The maximum deviations between the estimation results (by WLS, MILP and MILP+WLS) and the corresponding true states are presented in Table 6. In Table 6, \( \left\| {\Delta {\varvec{v}}} \right\| \) (p.u.) and \( \left\| {\Delta {\varvec{\theta}}} \right\| \) (rad) denote the maximum deviation of the voltage magnitudes and the maximum deviation of the angles, respectively. It can be seen that the estimation values of MILP are always correct; and the estimation values of WLS and MILP+WLS are always the same, they are closer to the true value compared with the estimation values of MILP. With the standard deviation of noise decreasing, all the maximum deviations approach to zero, implying that the estimate values approach to the true states.

  1. 2)

    Robustness test

As for robustness, we take the IEEE-300 bus system as example. In the test, the reactance of branch 1–5 is reduced to 1/10 of its original value so as to create a leverage point, and 4 correlated measurements are set as bad measurements. Then the proposed MILP+WLS is used to identify the bad measurements. Test results show that all the bad measurements are correctly identified by MILP+WLS. For the purpose of comparison, two other estimators are also tested on the same problem (including the WLS+LNR and the WLAV). Both the two estimators fail to correctly identify the bad measurements due to the existence of leverage point. These test results illustrate strong robustness of the proposed methodology.

  1. 3)

    Computational efficiency

As for the computational efficiency, Table 7 gives the number of measurements as well as CPU time of MINP and MILP for different IEEE benchmark systems. Note that the computational efficiency of the MINP model (by using polar coordinate) is quite low and not suitable for online application. In contrast, Table 7 indicates that the computation efficiency of our MILP model is very high. Furthermore, Fig. 2 illustrates that the computation time of MILP model grows approximately and linearly with the increase of system scale, showing a very good prospect of online application.

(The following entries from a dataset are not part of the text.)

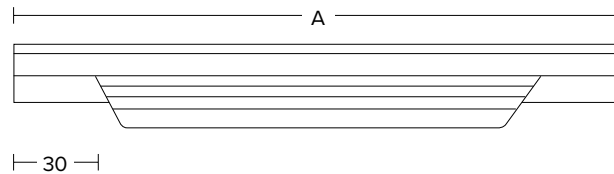

ΤΕΛΙΚΟ ΠΡΟΪΟΝ END PRODUCT	ΒΕΡΓΑ ROD
A	ΜΗΚΟΣ
297 mm	3000 mm
347 mm	
397 mm	
447 mm	
497 mm	
597 mm	
897 mm	
1197 mm	
✓	✓
BLM INOX AL IRAL	BLM INOX AL IRAL

Διατίθενται σε όλες τις αποχρώσεις RAL, κατόπιν παραγγελίας.
All RAL colors are available upon request.
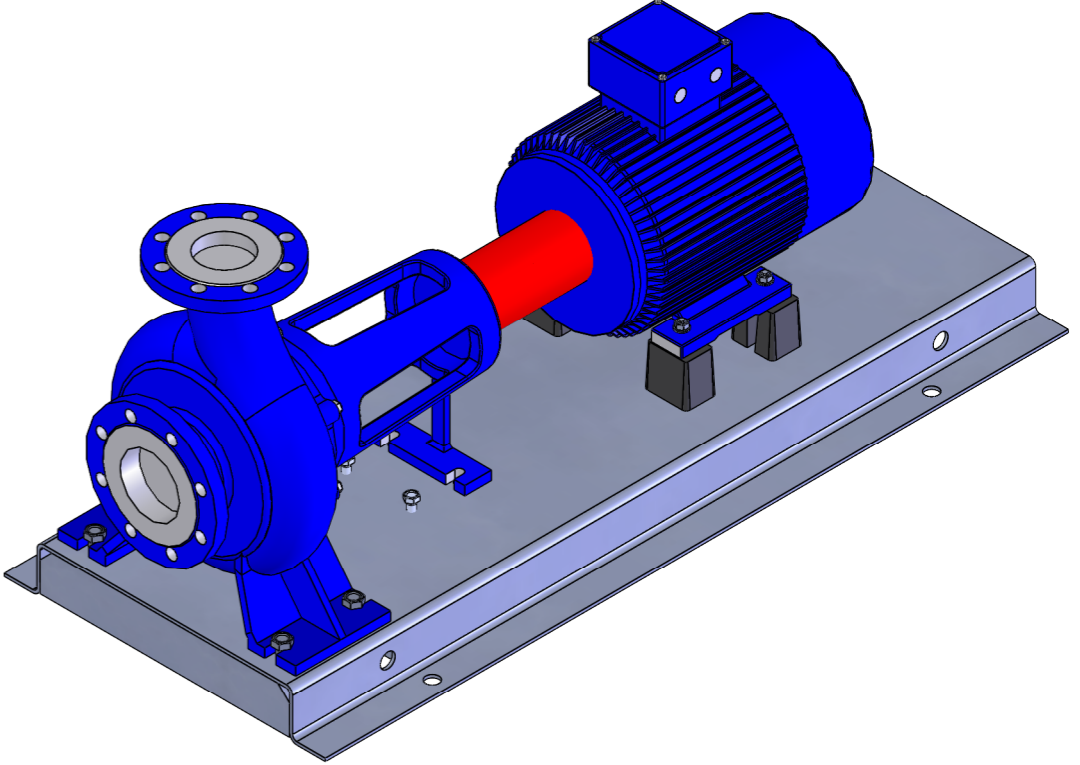

NHVe.80-250 [5,5 kW] n= 1450 obr/min

| | | |
|-------------|----------------|--|
| NHVe.80-250 | 5,5kW/1450 rpm |  Grudziądz Ul. Droga Jeziorna 8 |
| | 132-4 | |
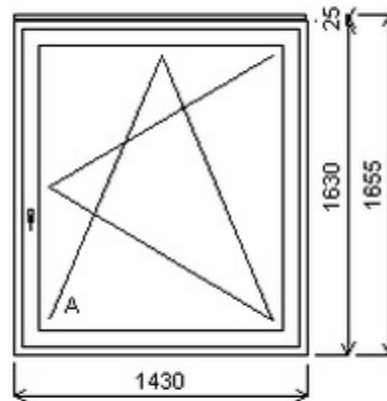

Nabídka oken skladem - 29. duben 2024

Zkratka	Název zboží	Šarže	Dispozice	Zadáno	Cena se slevou bez DPH
475161	Okno PENTA jednoduché	19010080/3	1	0	5588,-

Jednodílné okno , Šířka:1430 , Výška:1630 , alux oboustranný , Otvírání: OTVIR: OS-P ,

HORIZONT PS PENTA PLUS (7 KOMOR)

Table 7 Number of measurements and CPU time of MINP and MILP for different IEEE bus systems
Fig. 2
figure 2

Relationship of CPU time and system scale

In the next test, the MILP model is slightly modified to incorporate topology errors. Then, 10 link errors and 20 bad measurements are set on the IEEE 300 bus system for test. After estimation, all the link errors and bad measurements are correctly identified. The total estimation time is 2632 ms, which is acceptable for online application. This test indicates that the generalized estimation using MILP model is capable of detecting/rejecting bad measurements and topology errors simultaneously. For the comprehensive SE considering bad measurements, topology and parameter errors, a MIQP formulation is required and the estimation algorithm for SE in the second-stage may need further investigation. We leave this issue to the future work.

5 Conclusions

In this paper, MILP formulation for RSE is proposed. It can be easily solved by using mature software such as CPLEX. Numerical experiments illustrate its strong robustness and high efficiency of the proposed methodology, showing great promise to online applications.